Jerome Andersen: We did quite a few. Tim’s was the first, but then we put together one for each of our friends who died. I said we, but Frankie did most of the work. We used Tim’s clothes for it, and, I believe, your father’s undershirt. He left it when… When Tim saw him last time. We thought it would be symbolic.

Jerome swipes a tear from his face.

Jerome Andersen: Forgive me. It’s a sensitive topic.

The interviewer: I understand.

Jerome Andersen: You don’t. Did you know I’m HIV-positive?

The interviewer: No. I’m sorry.

Jerome Andersen: When they started an experimental treatment program, Frankie and Marcus used every ounce of money and influence to put me in it. I’m alive today because I was lucky to catch it late enough, and because there are people who were going to fight for me. Tim wasn’t that lucky. He was always the person who fought for others. Until his last day.

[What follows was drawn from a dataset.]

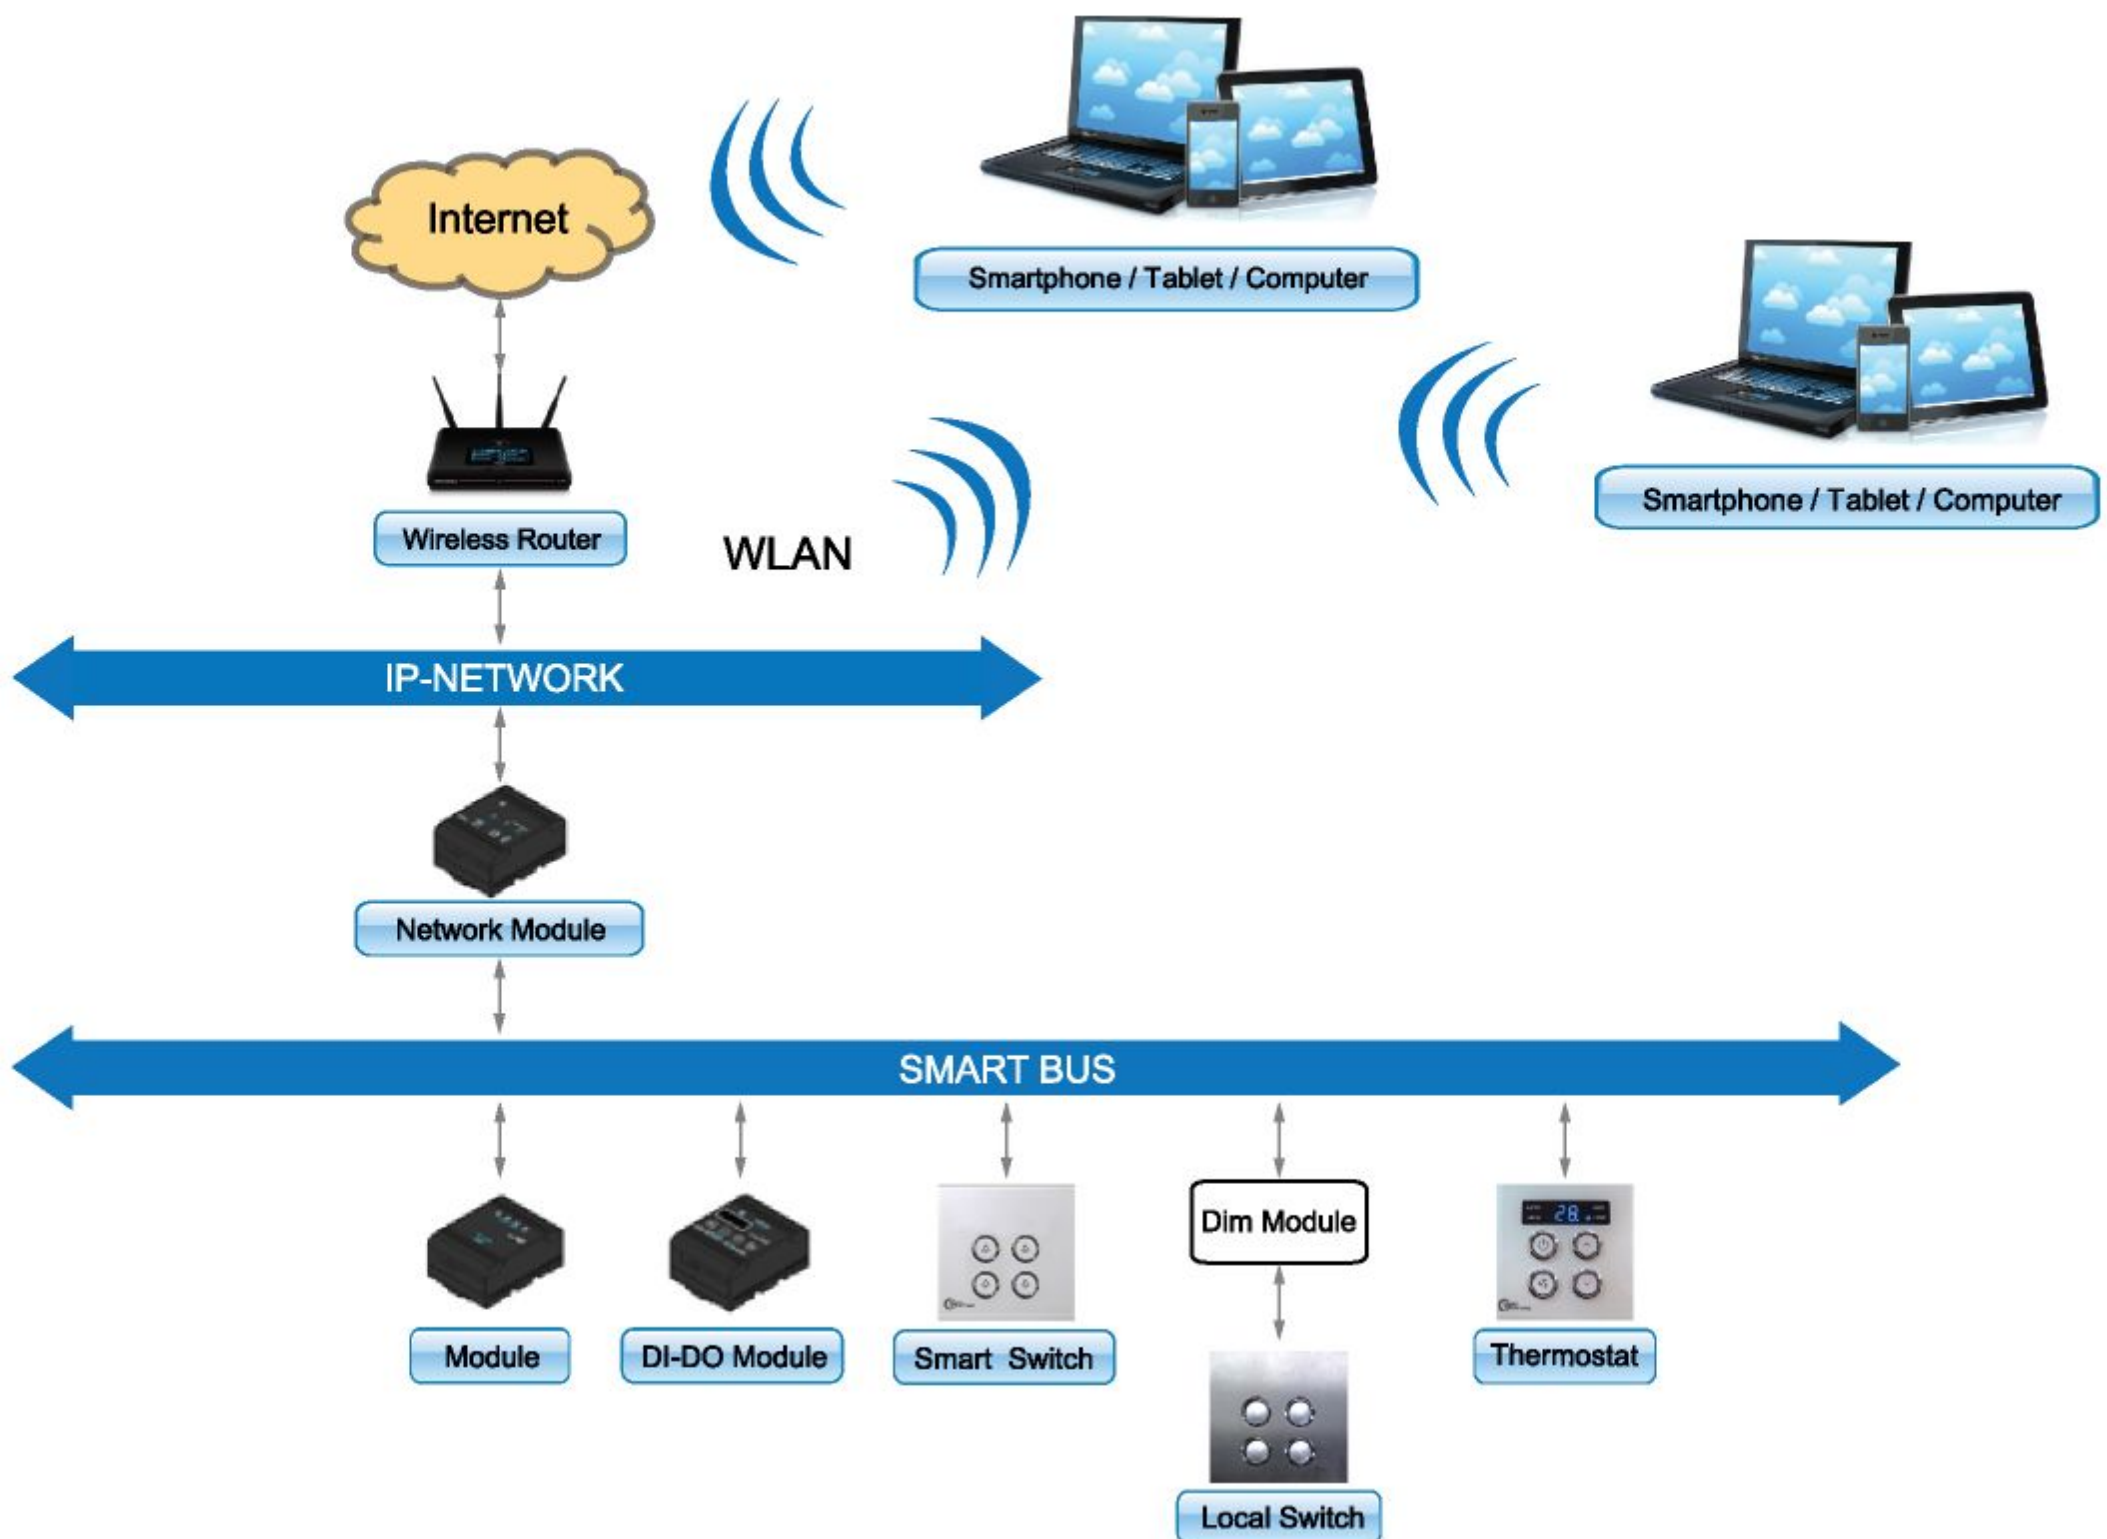

Mini Home Automation

Condominium and Residential

The interviewer: Did you know him well?

Jerome Andersen: He was like a family to me. Like a cool uncle. Once, when I just started to live with Marcus and Frankie, Tim caught me smoking weed, but instead of telling them, he just joined me.

The interviewer: My brother, Jackson. He met him once. He also said Tim was like a cool uncle.

Jerome and Kimberly laugh.

Jerome Andersen: I don’t know what happened between Tim and your father, but you should know. When AIDS progressed enough, it affected Tim’s brain. He began to forget things. He would forget names and simple words, sometimes he wouldn’t recognize us at all. But he always remembered your father. He talked about him. He called his name. He hallucinated them dancing together.

 


 

The interviewer: I remember when mom came back from San Francisco and told me you’re separating. When I asked the reason, she told me that she spent her life trying to ignore the fact that you loved someone else. I was so angry at you.

Hawkins Fuller: I remember. You hadn’t talked to me for two weeks.

The interviewer: But then you told me that you went to see your friend who was sick. And it finally occurred to me that someone else was a man.

Hawkins shakes his head and lets out a relieved laugh.

Hawkins Fuller: You figured it out before… Before I told you.

The interviewer: I’m a smart girl.

Hawkins Fuller: You are, sweetheart.

The interviewer: Dad. I’m not angry anymore.

 


 

The interviewer: I have one last question for you. Who was Tim Laughlin?

Marcus Gaines: He was my friend.

Lucy Fuller: He was someone I was envious of.

Frankie Hines: He was brilliant. Brave. Unstoppable.

Maggie Robbins: He was a part of me. A better one.

Mary Johnson: He was a good boy.

Jerome Andersen: He was one of the thousands of men who wasn’t lucky.

Hawkins Fuller:  He was pure. And decent. He was the love of my life.

Mr Fuller swipes a tear from his cheek, then looks into the camera and smiles.